Data provided START
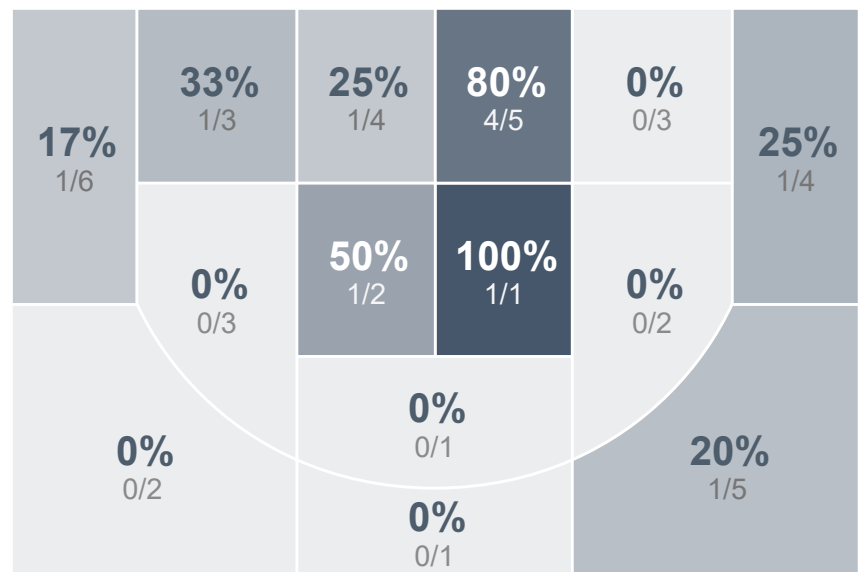

Williston High School
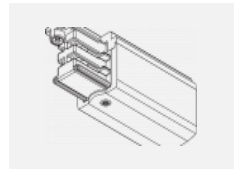

XTS12-2, black
End feed, black
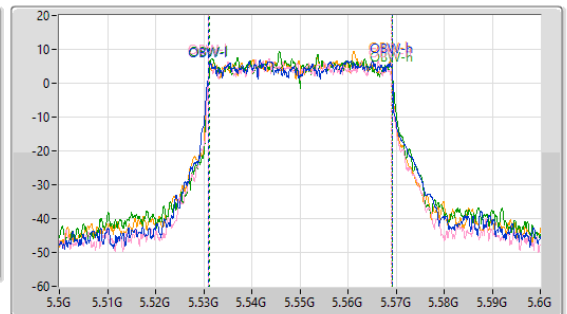

Sweep Time (s)
29.2u

Detector Type
Peak

CF (Hz)
5.55G

Span (Hz)
100M

RBW (Hz)
500k

VBW (Hz)
2M

Sweep Time (s)
12.6u

Detector Type
Peak
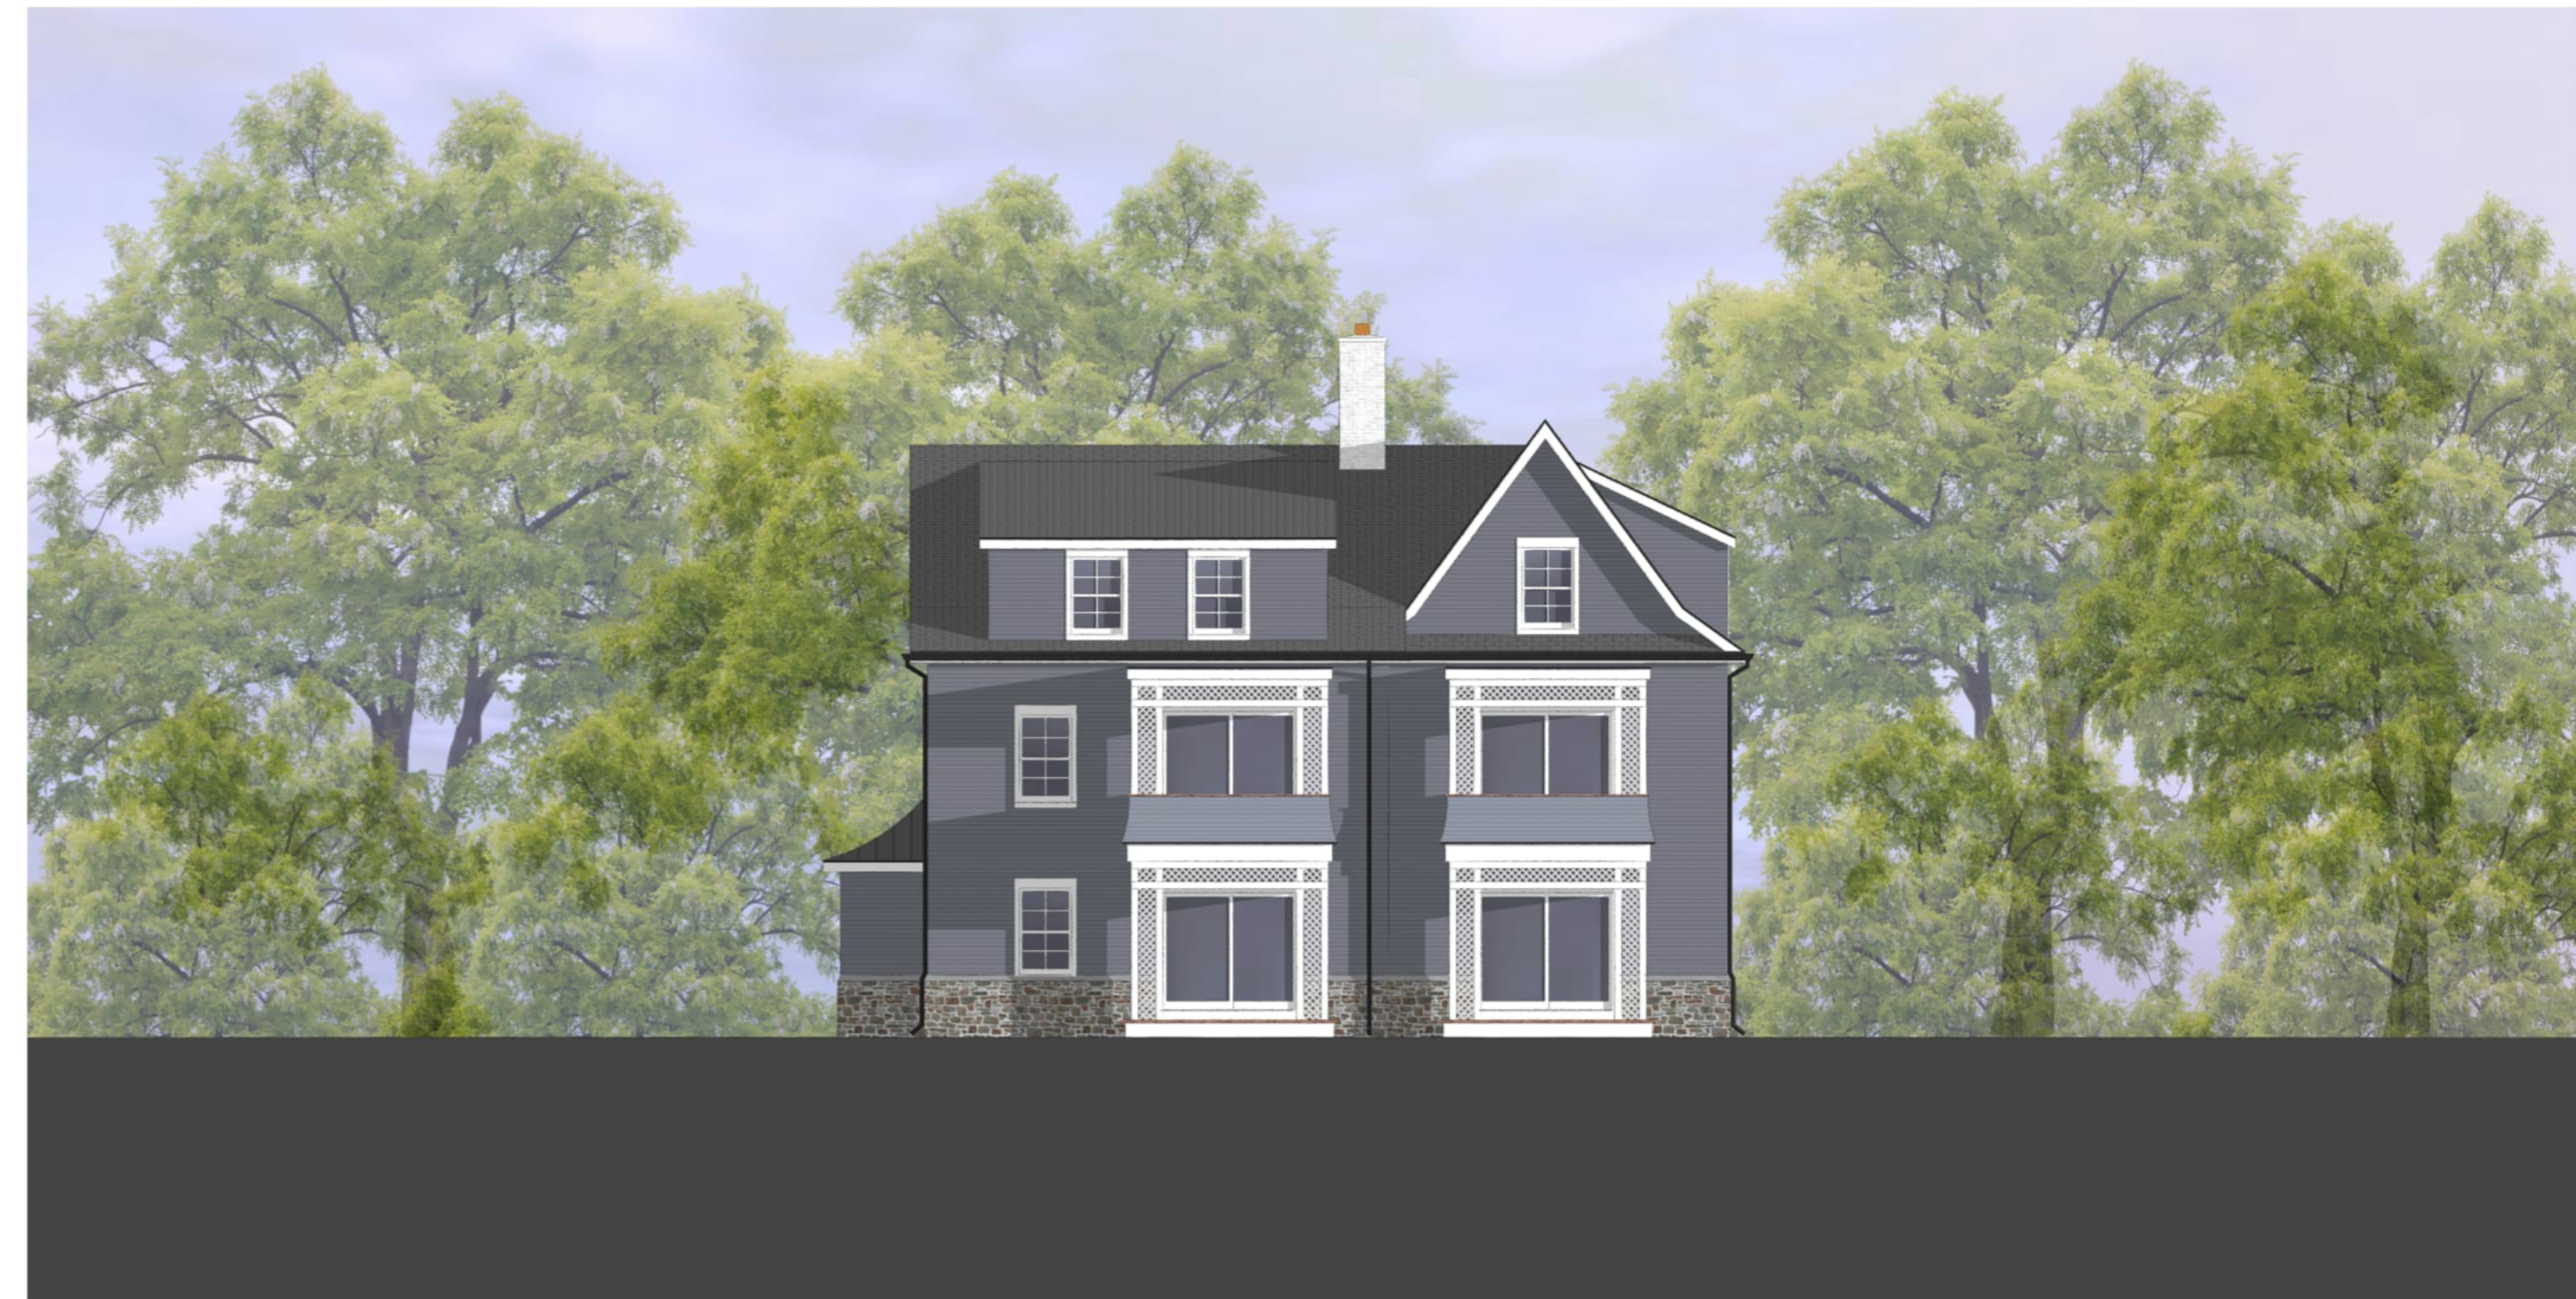

Deepwell, Proposed Residences
South Kingstown, Rhode Island

Studio 401Architecture, LLC

5 Division Street, Unit 39
East Greenwich, Rhode Island 02818

Front Elevation

Back Elevation

Side Elevation

Two Story Duplex

Deepwell, Proposed Residences
South Kingstown, Rhode Island

Studio 401Architecture, LLC

5 Division Street, Unit 39
East Greenwich, Rhode Island 02818

Front Elevation

Back Elevation

Side Elevation

Front Elevation

Back Elevation

Side Elevation

Three Story Duplex

Deepwell, Proposed Residences
South Kingstown, Rhode Island

Studio 401Architecture, LLC

5 Division Street, Unit 39
East Greenwich, Rhode Island 02818

Front Elevation

Back Elevation

Side Elevation
Data provided END
* The problem:
Copy the entire listing exactly but skip the pictures.

* Solved problem:
Williston High School

XTS12-2, black
End feed, black

Sweep Time (s)
29.2u

Detector Type
Peak

CF (Hz)
5.55G

Span (Hz)
100M

RBW (Hz)
500k

VBW (Hz)
2M

Sweep Time (s)
12.6u

Detector Type
Peak

Deepwell, Proposed Residences
South Kingstown, Rhode Island

Studio 401Architecture, LLC

5 Division Street, Unit 39
East Greenwich, Rhode Island 02818

Front Elevation

Back Elevation

Side Elevation

Two Story Duplex

Deepwell, Proposed Residences
South Kingstown, Rhode Island

Studio 401Architecture, LLC

5 Division Street, Unit 39
East Greenwich, Rhode Island 02818

Front Elevation

Back Elevation

Side Elevation

Front Elevation

Back Elevation

Side Elevation

Three Story Duplex

Deepwell, Proposed Residences
South Kingstown, Rhode Island

Studio 401Architecture, LLC

5 Division Street, Unit 39
East Greenwich, Rhode Island 02818

Front Elevation

Back Elevation

Side Elevation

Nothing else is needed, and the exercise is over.